● **ABOUT THIS TASK**
Give the entries again exactly, without pictures.

● **DATA FOR THE TASK**
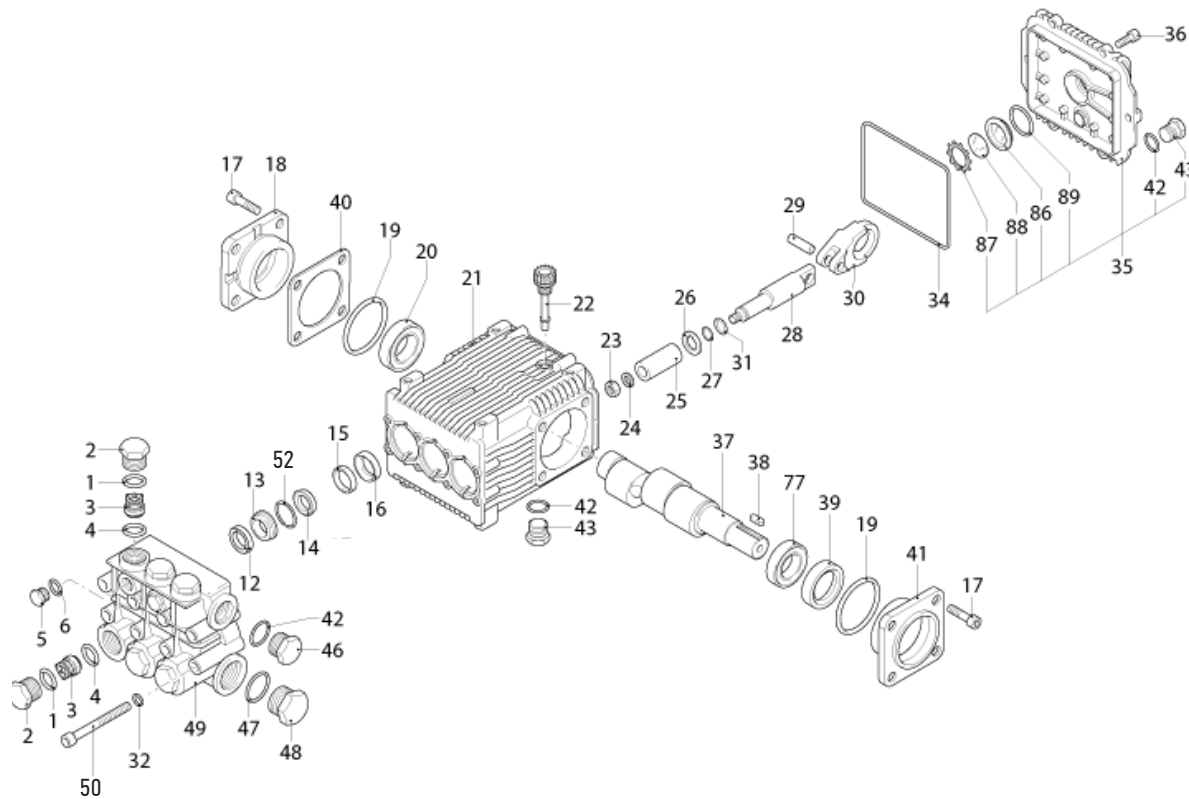

VENTILATOR

POS.	CODE	DESCRIPTION	QTY
1	A13385	MOTOR PLATE	1
2	A13392	BURNER MOTOR	1
3	A13411	SCROLL	1
4	A13430	IMPELLER	1
5	A06663	FUEL PUMP	1
6	A06576	JOINT	1
7	A13428	GASKET	1
8	A12203	HOSE FITTING 1/4 M	2
9	A12202	WASHER COPPER	2
10	A11979	BI-CONE CONNec.	1
11	A06581	FUEL FILTER	1
12	A11974	LOW PRESSURE HOSE 1.22m	1
13	A11978	CLAMP	2
14	A11976	CLAMP	5
15	A11963	GASKET	1
16	A13352	CONVEYOR	1
17	A13379	CABLE	1
18	A11981	HOSE FITTING 1/8 M	3

ELECTRIC DIAGRAM

POS.	CODE	DESCRIPTION	QTY
F	A06657	FUSE 5X20 3,15A	1
K	A06656	CONTACTOR	1
EC	A06626	PCB	1
EV	A06622	COIL	1
IG	A06629	SWITCH	1
TA	A06652	TRANSFORMER	1
TH	A06649	THERMOSTAT	1
TR	A12205	25VA 230-400/24 5/60HZ FS	1
TS	A06645	THERMOSTAT	1
CV1	A13380	CABLE H07 RNF 4X2.5 L=6.500	1
P1,2	A06644	PRESSURE SWITCH	2

PUMP

POS.	CODE	DESCRIPTION	QTY
1	A13355	O-RING	6
2	A13425	CAP	6
3	A	VALVE UNIT	6
4	A	O-RING	6
5	A11859	CAP	2
6	A12015	O-RING	2
12	C	PACKING	3
13	A13353	INTERMED. RING	3
14	C	PACKING	3
15	A13359	SPACER	3
16	B	OIL SEAL	3
17	A13367	SCREW M8X16	8
18	A13382	CRANKCASE COVER	1
19	B	O-RING	2
20	A06572	BEARING 30304	1
21	A13422	PUMP CRANKCASE	1
22	A13426	OIL CAP	1
23	A12006	NUT M8	3
24	A12007	WASHER	3
25	A06605	PISTON SET	1
26	A13360	DISC	3
27	A12009	O-RING	3
28	A13375	PISTON GUIDE	3
29	A13399	GUDGEON	3
30	A13394	CONNECTING ROD	3
31	A13356	ANTI-EXTR. RING	3
32	A13410	WASHER	8
34	B	O-RING	1
35	A13383	CRANKCASE COVER	1
36	A13368	SCREW 6X14	6
37	A13413	SHAFT	1
38	A12018	KEY	1
39	B	OIL SEAL 25X45X10	1
40	A13429	THICKNESS	1

PUMP

POS.	CODE	DESCRIPTION	QTY
41	A13384	CRANKASE COVER	1
42	A11993	O-RING	3
43	A11994	CAP 3/8 M	1
46	A11994	CAP 3/8 M	1
47	A11991	O-RING	1
48	A11992	CAP 1/2 M	1
49	A13387	HEAD	1
50	A13369	SCREW M8X70	8
51	C	O-RING	3
77	A06573	BEARING 30205	1
86	A13373	OIL INDICATOR	1
87	A13361	SEEGER	1
88	A13404	DISC	1
89	A13357	O-RING	1
A	A06604	SERVICE KIT	1
B	A06606	SERVICE KIT	1
C	A06607	SERVICE KIT	1
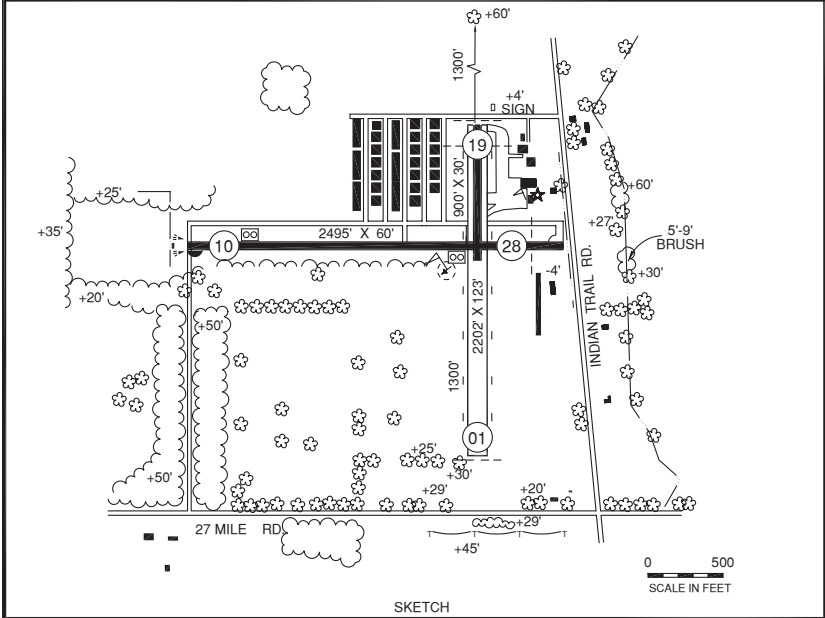

RAY COMMUNITY AIRPORT (57D)

FREQ		632' ELEV	
CTAF/U	122.7		
SELFRIDGE	0700-2300 Ex Hol		
APP/DEP	119.6		
CLE	126.425	10255.A	50-14
10-18		LOCATION	

R

RWY LENGTH BEYOND DISPLACED THR

10/ — * 01/ —
28/ 2284' * 19/ 2062'

COORDINATES

42° 44.21'N
082° 53.33'W

License

General Utility

FM CITY: 2.0 mi SE

LGT: ROTG BCN, MIRL, PAPI REIL-STD PCL
CTAF.

MGR: George Fox

PH: 586-749-9558 (Admin bldg)
586-979-2314

586-612-9910 (mgr cell)

FBO: Macomb Airways, Inc

ATND: Mon - Sun 1000-1600

NAV AIDS: 116.9 (FNT) 116° 40 NM to fld.

FUEL: 100LL*

RPR: Minor A&P by prior argmt

WX: None

SNW RMVL: Rwy 09/27; 18/36 vfy cond

TRNSP: Taxi 1-800-410-8294

MEALS: 3.0 mi

RON: 6.0 mi

- Admin bldg access—depress V, then III-II simultaneous, then I.
- Rwy 18/36 - turf portion of rwy soft in fall & spring.
- Deer invof rwy.
- *24 hrs self serve. Credit card machine in terminal bldg.

● **SOLUTION TO THIS TASK**
VENTILATOR

POS.	CODE	DESCRIPTION	QTY
1	A13385	MOTOR PLATE	1
2	A13392	BURNER MOTOR	1
3	A13411	SCROLL	1
4	A13430	IMPELLER	1
5	A06663	FUEL PUMP	1
6	A06576	JOINT	1
7	A13428	GASKET	1
8	A12203	HOSE FITTING 1/4 M	2
9	A12202	WASHER COPPER	2
10	A11979	BI-CONE CONNec.	1
11	A06581	FUEL FILTER	1
12	A11974	LOW PRESSURE HOSE 1.22m	1
13	A11978	CLAMP	2
14	A11976	CLAMP	5
15	A11963	GASKET	1
16	A13352	CONVEYOR	1
17	A13379	CABLE	1
18	A11981	HOSE FITTING 1/8 M	3

ELECTRIC DIAGRAM

POS.	CODE	DESCRIPTION	QTY
F	A06657	FUSE 5X20 3,15A	1
K	A06656	CONTACTOR	1
EC	A06626	PCB	1
EV	A06622	COIL	1
IG	A06629	SWITCH	1
TA	A06652	TRANSFORMER	1
TH	A06649	THERMOSTAT	1
TR	A12205	25VA 230-400/24 5/60HZ FS	1
TS	A06645	THERMOSTAT	1
CV1	A13380	CABLE H07 RNF 4X2.5 L=6.500	1
P1,2	A06644	PRESSURE SWITCH	2

PUMP

POS.	CODE	DESCRIPTION	QTY
1	A13355	O-RING	6
2	A13425	CAP	6
3	A	VALVE UNIT	6
4	A	O-RING	6
5	A11859	CAP	2
6	A12015	O-RING	2
12	C	PACKING	3
13	A13353	INTERMED. RING	3
14	C	PACKING	3
15	A13359	SPACER	3
16	B	OIL SEAL	3
17	A13367	SCREW M8X16	8
18	A13382	CRANKCASE COVER	1
19	B	O-RING	2
20	A06572	BEARING 30304	1
21	A13422	PUMP CRANKCASE	1
22	A13426	OIL CAP	1
23	A12006	NUT M8	3
24	A12007	WASHER	3
25	A06605	PISTON SET	1
26	A13360	DISC	3
27	A12009	O-RING	3
28	A13375	PISTON GUIDE	3
29	A13399	GUDGEON	3
30	A13394	CONNECTING ROD	3
31	A13356	ANTI-EXTR. RING	3
32	A13410	WASHER	8
34	B	O-RING	1
35	A13383	CRANKCASE COVER	1
36	A13368	SCREW 6X14	6
37	A13413	SHAFT	1
38	A12018	KEY	1
39	B	OIL SEAL 25X45X10	1
40	A13429	THICKNESS	1

PUMP

POS.	CODE	DESCRIPTION	QTY
41	A13384	CRANKASE COVER	1
42	A11993	O-RING	3
43	A11994	CAP 3/8 M	1
46	A11994	CAP 3/8 M	1
47	A11991	O-RING	1
48	A11992	CAP 1/2 M	1
49	A13387	HEAD	1
50	A13369	SCREW M8X70	8
51	C	O-RING	3
77	A06573	BEARING 30205	1
86	A13373	OIL INDICATOR	1
87	A13361	SEEGER	1
88	A13404	DISC	1
89	A13357	O-RING	1
A	A06604	SERVICE KIT	1
B	A06606	SERVICE KIT	1
C	A06607	SERVICE KIT	1

RAY COMMUNITY AIRPORT (57D)

FREQ		632' ELEV	
CTAF/U	122.7		
SELFRIDGE	0700-2300 Ex Hol		
APP/DEP	119.6		
CLE	126.425	10255.A	50-14
10-18		LOCATION	

R

RWY LENGTH BEYOND DISPLACED THR

10/ — * 01/ —
28/ 2284' * 19/ 2062'

COORDINATES

42° 44.21'N
082° 53.33'W

License

General Utility

FM CITY: 2.0 mi SE

LGT: ROTG BCN, MIRL, PAPI REIL-STD PCL
CTAF.

MGR: George Fox

PH: 586-749-9558 (Admin bldg)
586-979-2314

586-612-9910 (mgr cell)

FBO: Macomb Airways, Inc

ATND: Mon - Sun 1000-1600

NAV AIDS: 116.9 (FNT) 116° 40 NM to fld.

FUEL: 100LL*

RPR: Minor A&P by prior argmt

WX: None

SNW RMVL: Rwy 09/27; 18/36 vfy cond

TRNSP: Taxi 1-800-410-8294

MEALS: 3.0 mi

RON: 6.0 mi

- Admin bldg access—depress V, then III-II simultaneous, then I.
- Rwy 18/36 - turf portion of rwy soft in fall & spring.
- Deer invof rwy.
- *24 hrs self serve. Credit card machine in terminal bldg.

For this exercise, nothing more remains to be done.